Jokowi mengungkapkan alasan akan mengambil langkah hukum tersebut karena ingin menunjukkan kebenarannya. Terlebih karena meskipun sudah ada pihak berkompeten menyampaikan keabsahan ijazah miliknya, yakni Rektor UGM, masih ada pihak-pihak yang terus mempersoalkannya.

"Ya kami kan ingin menunjukkan bahwa betul-betul saya ini kuliah di Fakultas Kehutanan, betul-betul ijazahnya dikeluarkan oleh Universitas Gadjah Mada dan sudah disampaikan tidak hanya sekali oleh Rektor. Oleh dekan juga sudah disampaikan, sudah dibuka seperti itu," kata Jokowi. 

2. ICW: Simpati Prabowo ke Keluarga Koruptor Salah Sasaran

Indonesia Corruption Watch atau ICW menilai simpati Presiden Prabowo Subianto terhadap keluarga koruptor salah sasaran. Prabowo sebelumnya menyebut pemiskinan keluarga koruptor perlu dilakukan secara hati-hati dan adil mengingat anak dan istri mereka berpotensi ikut terdampak.

“Prabowo perlu melihat kenyataan bahwa di Indonesia, ketidakadilan justru banyak dirasakan oleh korban korupsi (masyarakat luas) ketimbang oleh koruptor dan keluarganya,” kata Peneliti ICW Wana Alamsyah dalam keterangan resmi pada Jumat, 11 April 2025. 

Menurut Wana, sebagai presiden yang dengan berapi-api menyatakan perang terhadap korupsi, Prabowo seharusnya melihat korupsi sebagai kejahatan kerah putih atau white-collar crime yang basis motivasinya adalah akumulasi kekayaan. 

Adapun dalam konteks tindak pidana korupsi, Wana menyebut keluarga koruptor seringkali terlibat langsung sebagai pihak yang juga melakukan korupsi atau pelaku aktif. Ada pula yang juga terlibat secara tidak langsung sebagai pihak penampung maupun penikmat hasil korupsi, yakni sebagai pelaku pasif. 

Berdasarkan kajian ICW ihwal tren penindakan kasus korupsi dari 2015 hingga 2023, terdapat 46 kasus yang melibatkan anggota keluarga. ICW mencatat jumlah tersangka yang ditetapkan oleh penegak hukum ada sebanyak 87 orang, dengan 44 persen atau 39 orang di antaranya merupakan anggota keluarga dari tersangka yang melakukan tindak pidana korupsi.
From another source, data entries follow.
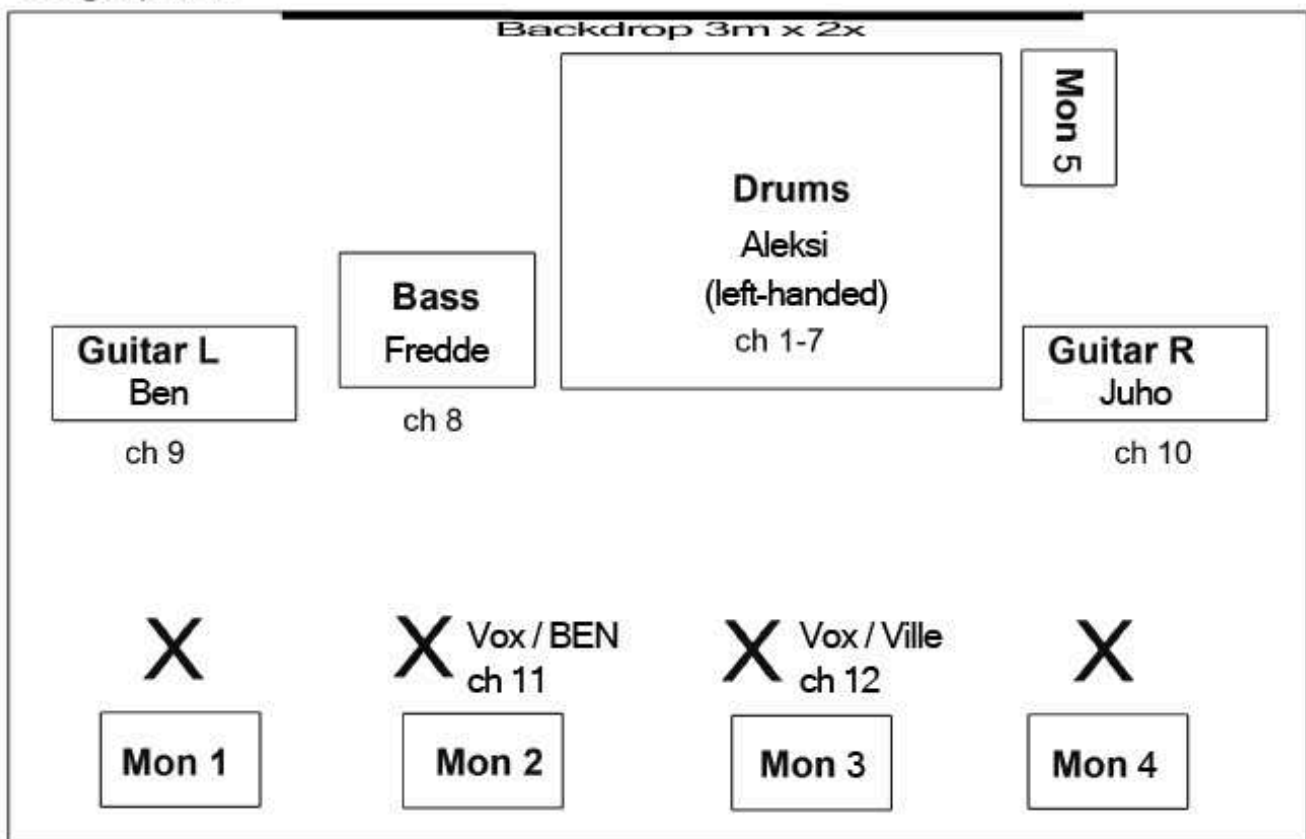

Stage plan:

Monitor sends:

Monitor 1 : Snare & Kickdrum

Monitor 2 : Snare & Kickdrum, ch 9, ch 11

Monitor 3 : Snare & Kickdrum, ch 12

Monitor 4 : Snare & Kickdrum, ch 10

Monitor 5 : Kickdrum, ch 9, ch 10

intro : CD format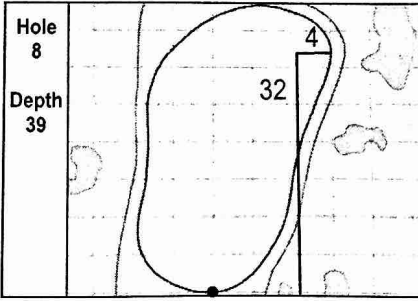

97 PGA CHAMPIONSHIP
Whistling Straits (Straits Course) • Kohler, Wisconsin
Saturday, August 15, 2015 • Round 3

Gridlines are shown at 5 Yard Increments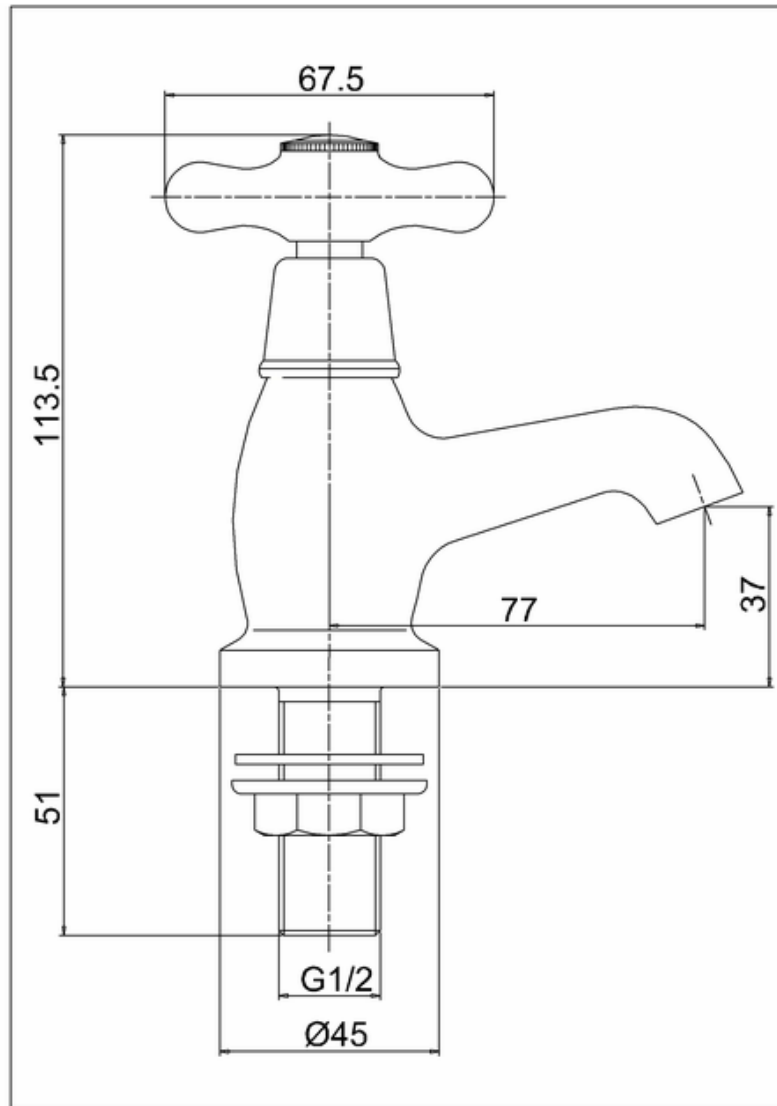

bathstore

20009000440 - SAVOY SEAT GLOSS WHITE TSBH000

41500090000 - Trinity basin pillar taps chrome

bathstore

20005000080 - Savoy Victorian Basin 560mm 2TH

bathstore

20005000240 - Savoy Close Coupled PAN

**bath
store**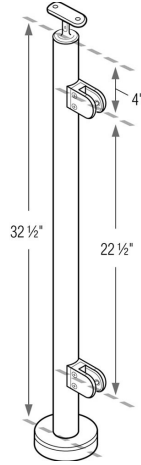

**49-G424/36/F/MD/E/AS 3/8" Glass - Floor Mount - End Prefabricated 36" Post in 316 Satin Stainless Steel (1.67" OD/42.4mm OD/0.08" Wall)**

**\*\*Important:**

- Floor mounting bolts are NOT included.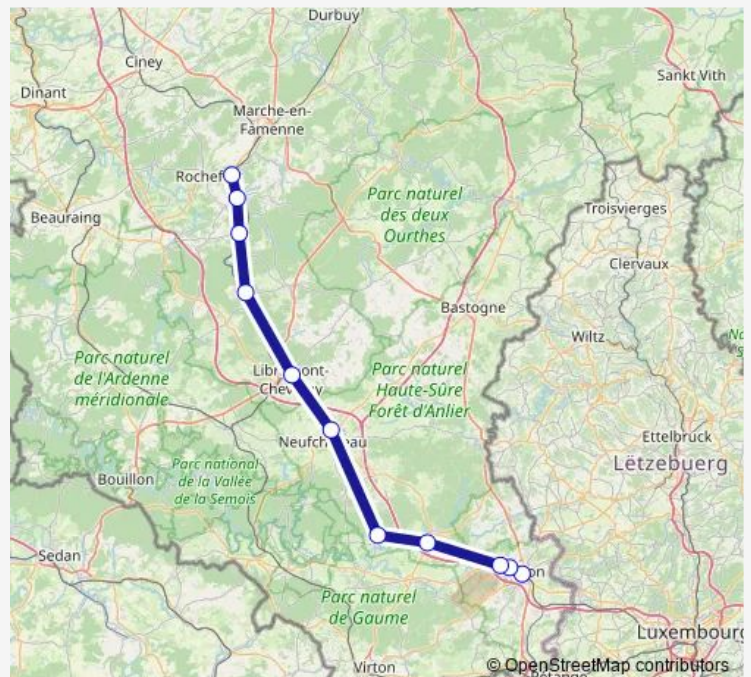

Inter Regional Rail Service Ic Rochefort-Jemelle - Arlon

[Go to website](#)

Direction

Arlon — Rochefort-Jemelle

11 stops

[Open route schedule](#)

Arlon

Viville

Rochefort-Jemelle

Route schedule

Arlon — Rochefort-Jemelle

Monday 21:36

Tuesday 21:36

Wednesday —

Thursday 21:36

Friday 21:36

Saturday 21:36

Sunday 21:36

Route info

Direction: Arlon

Stops: 11

Trip Duration: 0 hour 52 min

Ic — Rochefort-Jemelle - Arlon

Ic Inter Regional Rail Service time schedules and route maps are available in an offline PDF at busmaps.com. Use the busmaps.com website to see live bus times, train schedule or subway schedule, and step-by-step directions for all public transit in Redange-sur-Attert

3. Menteri Abdul Mu'ti Kembali Terapkan Sistem Penjurusan di SMA

Menteri Pendidikan Dasar dan Menengah Abdul Mu’ti mengatakan pemerintah akan kembali menerapkan sistem penjurusan untuk sekolah menengah atas atau SMA. Sistem penjurusan ini sebelumnya dihapus dalam penerapan Kurikulum Merdeka yang digagas Menteri Nadiem Makarim.

“Jurusan akan kita hidupkan lagi, jadi nanti akan ada jurusan IPA, IPS, dan Bahasa,” ujarnya dalam acara tanya-jawab bersama awak media di Kantornya, Jakarta Pusat, Jumat, 11 April 2025.

Seperti semula, dengan diterapkannya sistem penjurusan, maka dalam ujian akhir atau saat ini disebut dengan tes kemampuan akademik (TKA), siswa dapat memilih mata pelajaran yang paling diminatinya. Mereka hanya diwajibkan mengikuti tes wajib yaitu mata pelajaran Bahasa Indonesia dan Matematika.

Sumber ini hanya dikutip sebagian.